# What the exercise asks:
Your answer should hold exactly the lines from the one with "National Railways" through the final line of the data below, reproduced as written.

[[ Records for this task open ]]

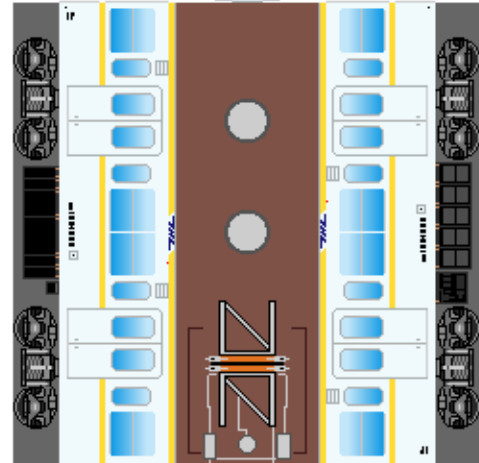

# 特攻野郎 B チーム

<http://tokkou-b-team.net/>

↑ いろいろなペーパークラフトがあるからみてね~♪

日本国有鉄道  
103系風  
ペーパークラフト  
その7 東西線乗入

Japanese  
National Railways  
Series 103  
#7 Tozai line

① クハ103

② モハ103

つなげかた  
3両編成  
①-④-⑤  
7両編成  
①-②-③-②-③-④-⑤

下腹ひきしめ  
ベルト  
下腹ひきしめ  
ベルト

下腹ひきしめ  
ベルト  
車両のおなか  
がふくらんだら  
車体のうちがわ  
にはってね  
※パパやママ  
のおなかには  
つかえません

下腹ひきしめ  
ベルト  
下腹ひきしめ  
ベルト

③ モハ102

④ モハ103

⑤ クモハ102

転載・2次使用・転売禁止  
制作：まりりん

ハサミできって  
のりではってね

[[ Records for this task closed ]]

# Exercise solution:
National Railways  
Series 103  
#7 Tozai line

① クハ103

② モハ103

つなげかた  
3両編成  
①-④-⑤  
7両編成  
①-②-③-②-③-④-⑤

下腹ひきしめ  
ベルト  
下腹ひきしめ  
ベルト

下腹ひきしめ  
ベルト  
車両のおなか  
がふくらんだら  
車体のうちがわ  
にはってね  
※パパやママ  
のおなかには  
つかえません

下腹ひきしめ  
ベルト  
下腹ひきしめ  
ベルト

③ モハ102

④ モハ103

⑤ クモハ102

転載・2次使用・転売禁止  
制作：まりりん

ハサミできって  
のりではってね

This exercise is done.